— WHAT THE EXERCISE ASKS —
Search the entries for the line containing "- Longitud del asiento 153 cm". Repeat it, then every line after it, exactly through the final line.

— TASK INPUT —
▬▬▬

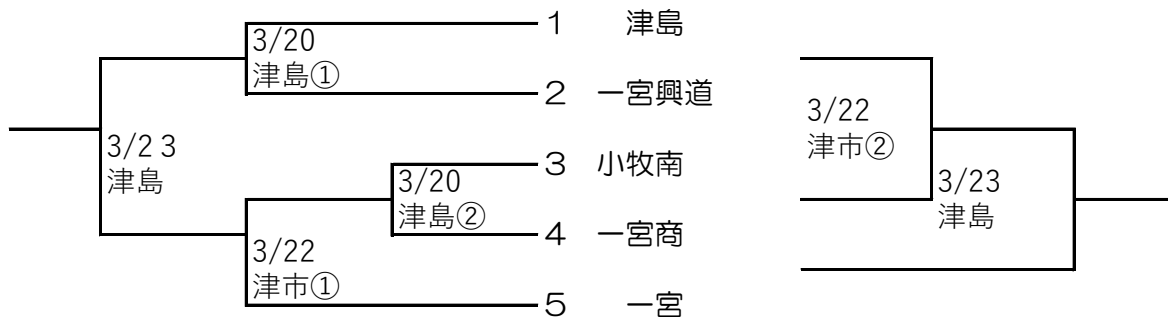

尾張地区春季大会予選トーナメント組み合わせ

試合開始時間 ①10:00～ ②12:30～

(※小市…小牧市民球場 一市…一宮市営球場 津市…津島市営球場)

【A:会場 大成】

【B:会場 誠信】

【C:会場 愛知黎明】

【D:会場 西春】

【E:会場 誉】

【F:会場 愛知啓成】

【G:会場 津島】

【H:会場 小牧】
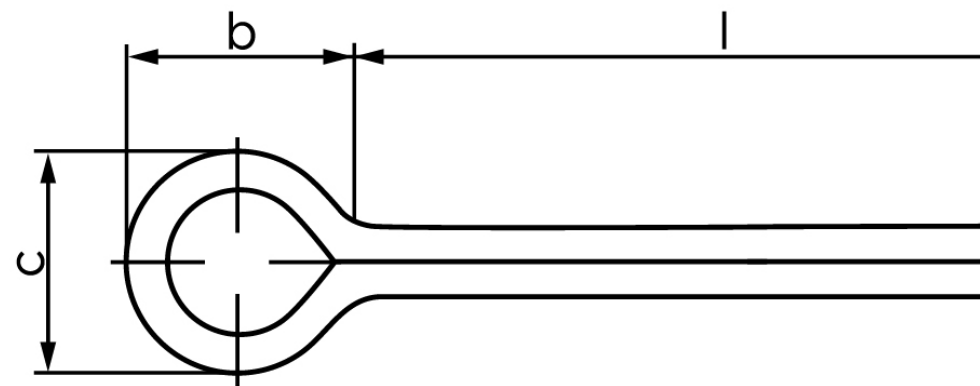

## Split ISO 1234 Rustfri A2 Ø6,3x50 (250 Stk)

SKU: 012343000063050

GTIN:

Norm	ISO 1234
Dimensions	6,3
a <sub>min.</sub>	2
b	12,6
c <sub>max.</sub>	11,8
Pinhul Ø	6,3
Skrue Ø	27 - 39
Clevis pin Ø	23 - 29
Mere info om ISO 1234	<b>ISO 1234</b>
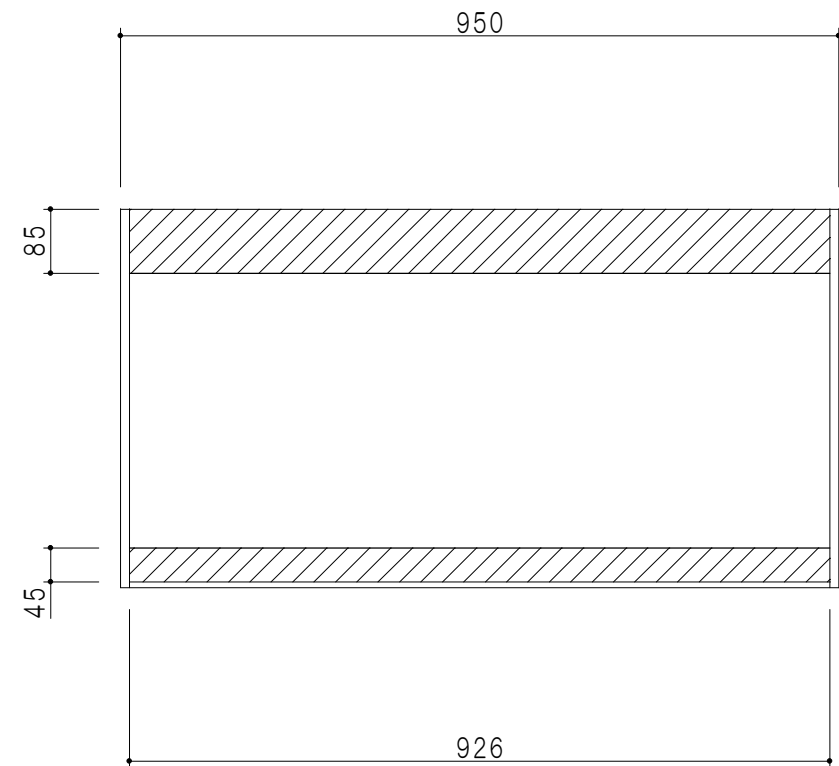

平面図

立面図

断面図

背面図

仕 様	
天 板	片面化粧パーティクルボード 15 t
側 板	低圧メラミン化粧パーティクルボード 12 t
見 上 板	低圧メラミン両面化粧パーティクルボード 15 t
背 板	カラーMDF・落し込み
扉	両面化粧パーティクルボード 12 t
丁 番	ワンタッチスライド式丁番
棚 板	可動式 棚板 15 t
把 手	アルミー文字把手

扉 色 / M7	
W	ホワイト
M	木 目

名 称  
標準仕様 吊り戸棚 高さ50cmタイプ

図面名称  
M7-95NZ□

SCALE  
1/10

DATA  
2019.06.13

CHECKED  
DRAWING  
M. I

SHEET NO.
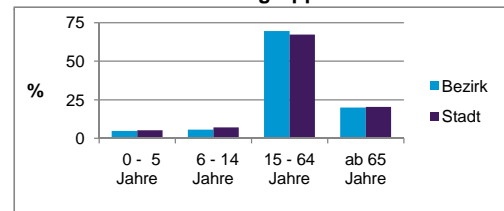

2) Anteil an der Bevölkerung insgesamt

Stand: 31.12.2014

	Bezirk		Stadt	
	Zahl	%	Zahl	%
Einwohner nach Familienstand				
ledig	2 430	48,7		43,0
verheiratet	1 787	35,8		41,1
verwitwet	310	6,2		6,9
geschieden	465	9,3		8,9

Stand: 31.12.2014

	Bezirk	Stadt
Bevölkerungsveränderung		
Einwohner 2013	4 934	513 339
Einwohner 2009	4 705	495 977
Veränderung 2014 gegenüber 2013 in %	1,2	0,7
Veränderung 2014 gegenüber 2009 in %	6,1	4,2

Stand: 31.12.2014

Geschlecht

Altersgruppe

Nationalität

Familienstand

Bevölkerungsveränderung

Statistischer Bezirk: 24 Bielingplatz

Haushalte	Bezirk		Stadt
	Zahl	%	%
Alleinerziehende	103	3,4	4,2
sonstige Haushalte	2 930	96,6	95,8
zusammen	3 033	100,0	100,0
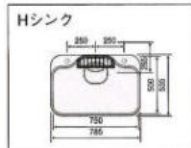

システムキッチン

I型

600

奥行寸法

システムキッチン

I型

700

奥行寸法
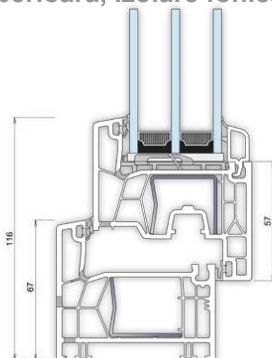

Cel mai bun din clasa sa.

Sistemul **Kömmerling 76 AD** ofera toate avantajele ferestrelor moderne - de la design si functii pana la valori de izolare superioare ale profilului.

Kömmerling 76 AD satisface toate cerintele prezente si mai important, toate cerintele viitoare.

Tehnologie inovatoare

Design-ul sistemului **Kömmerling 76 AD** este atât de inovator incat sa poata incorpora geamuri triple moderne sau geamuri funcționale speciale cu o grosime de până la 48 mm. Ca rezultat al tehnologiei

inteligente de montare, sistemul poate fi instalat rapid, curat și cu puțin efort. Așa că înlocuirea ferestrelor vechi cu noul sistem **Kömmerling 76** este un proces curat.

KÖMMERLING 76 AD

SISTEM DE FERESTRE SI USI CU
ADANCIME CONSTRUCTIVA DE 76MM

- Economie de energie termica de incalzire datorita coeficientului de izolare la nivelul ramei $U_f = 0.93 - 1.1 \text{ W}/(\text{m}^2\text{K})$.
- Izolare termica superioara
- Sistem antifractie datorita cadrului rezistent format de armatura speciala
- Usor de intretinut, rezistent la intemperii
- Remarcabil prin calitati precum durabilitate si functionalitate sporita
- Usor de folosit si de intretinut gratie tehnologiei moderne
- Disponibil in varianta alba, cu garnituri negre sau gri, precum si in 88 de culori, clasice sau imitatii de lemn

Profine Romania

Soseaua Alexandriei nr 152-156,
077025, Bragadiru, Ilfov.

Phone 021 420 14 44

Email: office@profine.ro

www.koemmerling.ro
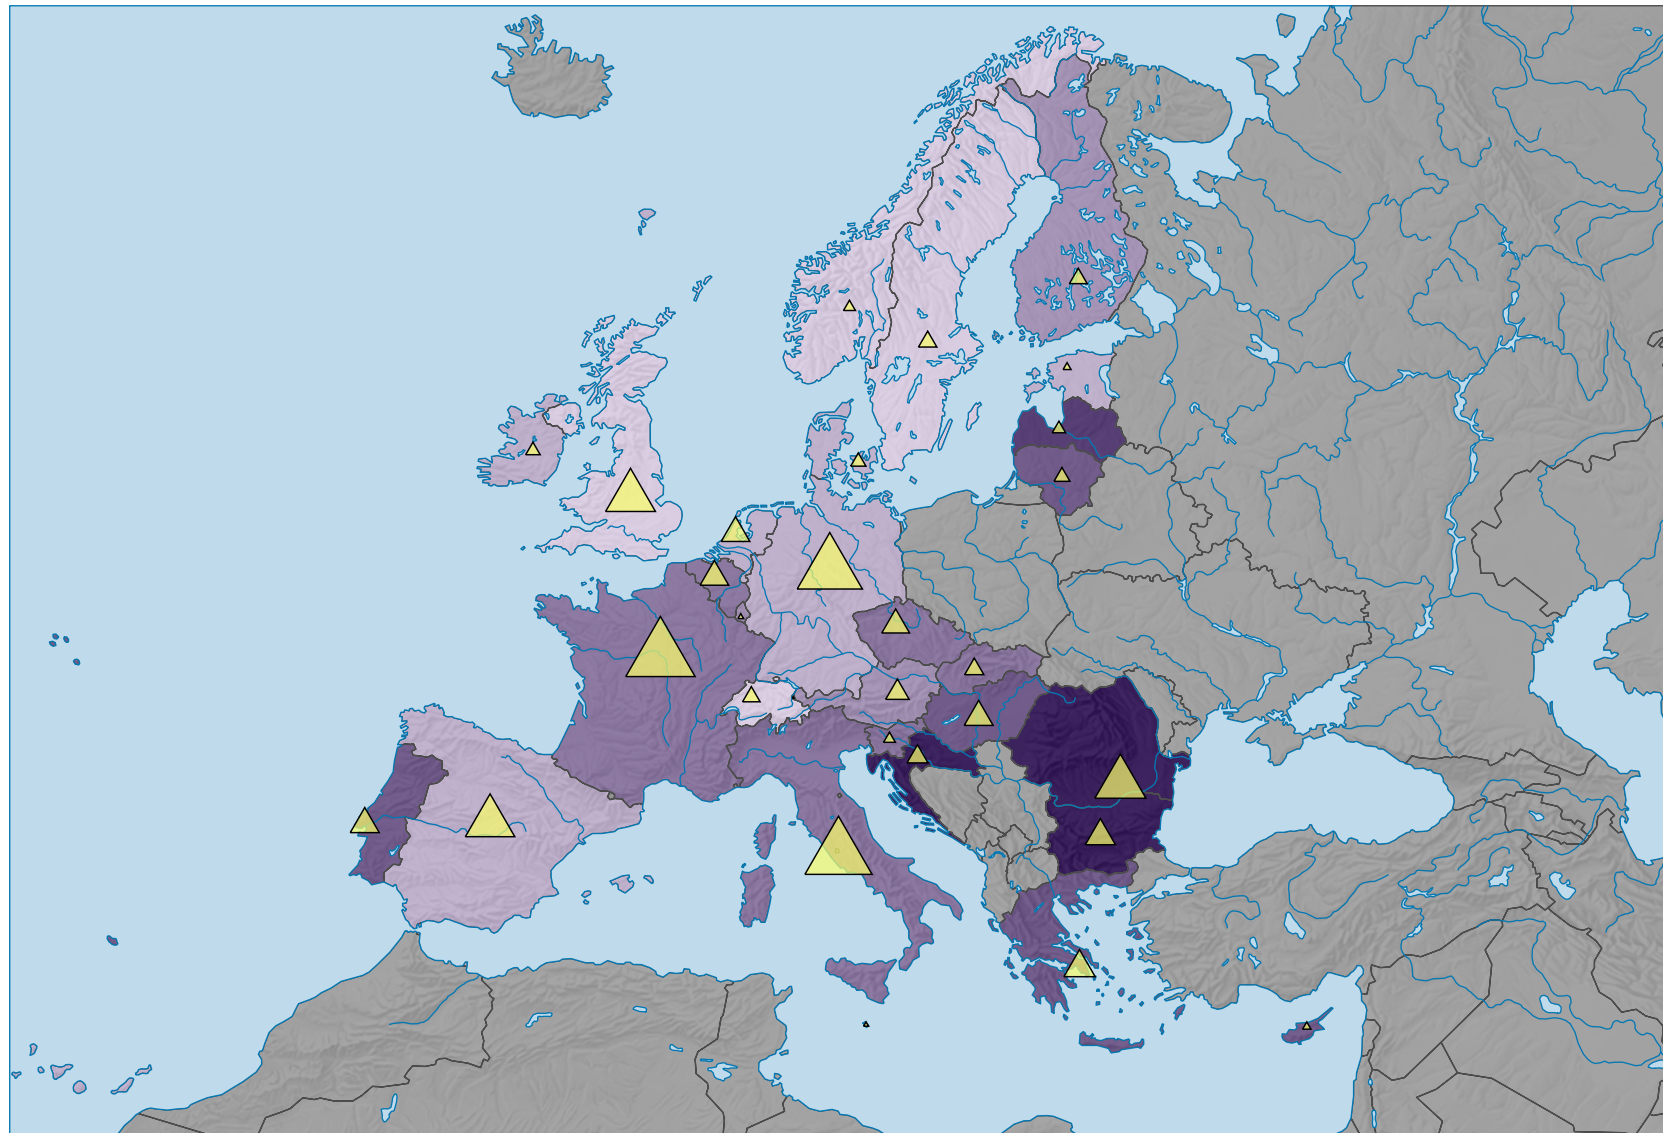

Getötete bei Strassenverkehrsunfällen, 2017

Getötete pro 1 000 000 Einwohner

Anzahl Getötete

Stand der Datenbank: 16.12.2019

0 500 1 000 km

Raumgliederung:
Länder NUTSO
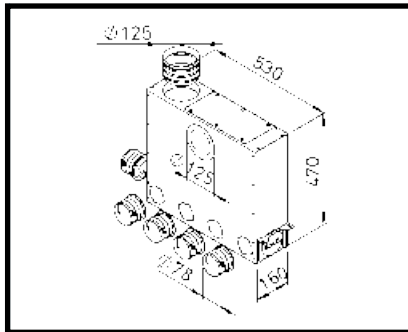

horizontale / verticale
bocht

vloerdoos met rooster

multi-verdeelbox

Flex Pipe

Flex Pipe Rond diameter 75 mm

vloerdoos met rooster

verdeeldoos met rooster voor muurbevestiging

verdeeldoos boog hoek set

muurdoorgang

ruwbouwpakket

Flex Pipe Ovaal 51 x 114 mm

Multi-verdelerkast 4+1 (ovaal)

Verdelerkast 10 (ovaal)

Flex Pipe

Multi verdelerkast 4+1 (rond)

Inbouw verdelerkast 6 (rond)
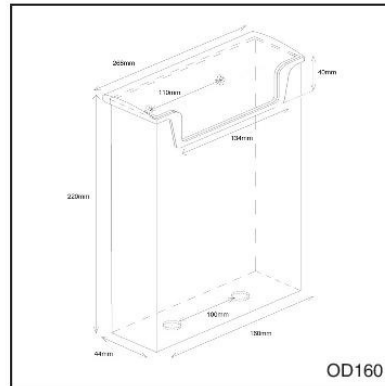

PRODUCT SHEET

Outdoor Leaflet Holders

BROCHURE & LEAFLET HOLDERS > OUTDOOR LEAFLET HOLDERS

Outdoor Leaflet Holders

Brochure holders made from clear acrylic. Holder with cover for outdoor use. With drillings for wallmounting. With edged backing for tape.

Prospekthalter Außeneinsatz

Prospekthalter aus glasklarem Polystyrol. Prospektbox mit einem Deckel und kann deshalb auch im Freien eingesetzt werden. Mit Bohrungen für die Wandmontage. Rückseitige Abkantungen ebenfalls geeignet für eine Klebung.

PRODUCT SHEET

Outdoor Leaflet Holders

BROCHURE & LEAFLET HOLDERS > OUTDOOR LEAFLET HOLDERS

PRODUCT SHEET

Outdoor Leaflet Holders

BROCHURE & LEAFLET HOLDERS > OUTDOOR LEAFLET HOLDERS

ARTICLE CODE	EAN / GTIN	CAPACITY	SIZE (A x B x C)	NET WEIGHT
ARTIKELNUMMER	EAN / GTIN	KAPAZITÄT	GRÖÖE (A x B x C)	NETTO GEWICHT
OD110	8595578363692	1/3 A4 (99 x 210 mm)	113 x 227 x 24 mm	0,65 kg
OD160	8595578363359	A5 (148 x 210 mm)	268 x 220 x 44 mm	0,16 kg
OD230	8995578368819	A4 (210 x 297 mm)	247 x 320 x 48 mm	0,18 kg
OD95	8595578368796	90 x 50 mm	103 x 62 x 32 mm	0,13 kg

ARTICLE CODE	PACKING SIZE	PACKING WEIGHT	PACKING QUANTITY	PACKING / PALLET	WEIGHT OF PALLET	VOLUMETRIC WEIGHT	BELT SIZE	SHIPPING
ARTIKELNUMMER	PACKUNGS- GRÖÖE	PACKUNGS- GEWICHT	VERPACKUNGS- EINHEIT	VPE / PALETTE	PALETTE- GEWICHT	VOLUMEN- GEWICHT	GÖRTEL	VERSANDART
OD110	233 x 345 x 270 mm	3,60 kg	18	70	272 kg	4,34 kg	1351 mm	UPS
OD160	480 x 240 x 380 mm	5,80 kg	32	40	252 kg	8,76 kg	1960 mm	UPS
OD230	340 x 610 x 530 mm	13,00 kg	20	12	176 kg	21,98 kg	2350 mm	UPS
OD95	420 x 240 x 160 mm	2,50 kg	20	110	295 kg	3,23 kg	1400 mm	UPS
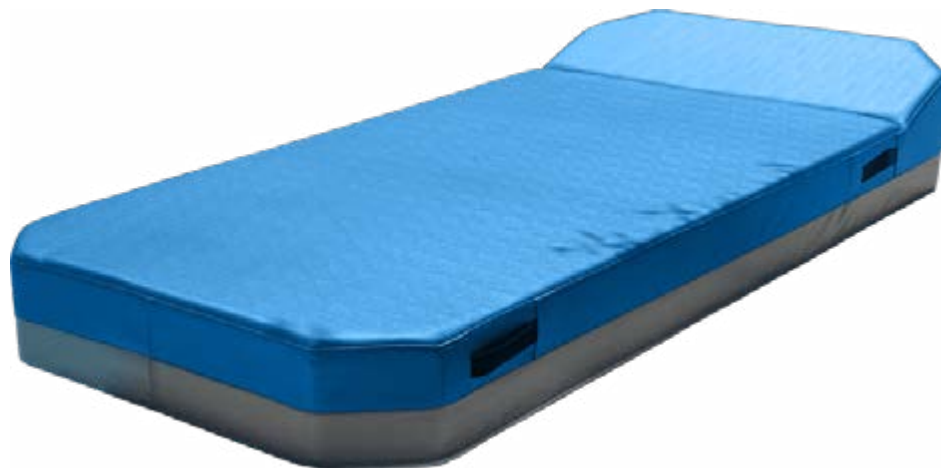

poModone[®]
The Original

"Nuestros productos nacen para donar emociones."

≡ AGUA

Tumbona flotante Ibiza

- Desde el encuentro entre competencia técnica, diseño y funcionalidad, Pomodone presenta una línea completamente diferente de las presentadas hasta ahora: La tumbona flotante Ibiza!
- La tumbona Ibiza nace de las exigencias de crear un colchón de lujo, que pueda abrazar todas las comodidades descansando tanto en el agua como en la piscina o en la playa.
- Disponible en muchos colores, este colchón flotante combina la comodidad con la relajación dejándote acunar en la superficie del agua o en la piscina, garantizando estabilidad y espacio para dos personas.

Tumbona flotante Ibiza

ESPECIFICACIONES ESTÁNDAR

- Longitud de la tumbona 183 cm
- Longitud del asiento 153 cm
- Longitud del cojín 30 cm
- Anchura 80 cm
- Altura del asiento 17 cm
- Altura del cojín 27 cm
- Peso 17 kg

RESISTENTE A
LOS RAYOS UV

100%
IMPERMEABLE

FÁCILMENTE
APILABLE

PANORÁMICA

- 1 Tiene una bisagra de plástico reforzado que permite desenfundar totalmente el producto.
- 2 Está dotada en la parte inferior de una red náutica que permite al producto de secarse fácilmente.
- 3 Compuesta por 4 asas útiles para el transporte, 2 en cada lado.

Fabricada con materiales completamente impermeables y resistentes a los rayos UV. Acolchada con dos tipos de espuma, de celdas abiertas y cerradas. La segunda es FOAM PE EXPANDIDO, producto completamente impermeable al aire y a los líquidos. La espuma EVA se caracteriza por la resistencia a los rayos UV, y también es impermeable. Esto permite mantener el mismo peso tanto mojado como seco.

▬▬▬

— ANSWER FOR THE TASK —
- Longitud del asiento 153 cm
- Longitud del cojín 30 cm
- Anchura 80 cm
- Altura del asiento 17 cm
- Altura del cojín 27 cm
- Peso 17 kg

RESISTENTE A
LOS RAYOS UV

100%
IMPERMEABLE

FÁCILMENTE
APILABLE

PANORÁMICA

- 1 Tiene una bisagra de plástico reforzado que permite desenfundar totalmente el producto.
- 2 Está dotada en la parte inferior de una red náutica que permite al producto de secarse fácilmente.
- 3 Compuesta por 4 asas útiles para el transporte, 2 en cada lado.

Fabricada con materiales completamente impermeables y resistentes a los rayos UV. Acolchada con dos tipos de espuma, de celdas abiertas y cerradas. La segunda es FOAM PE EXPANDIDO, producto completamente impermeable al aire y a los líquidos. La espuma EVA se caracteriza por la resistencia a los rayos UV, y también es impermeable. Esto permite mantener el mismo peso tanto mojado como seco.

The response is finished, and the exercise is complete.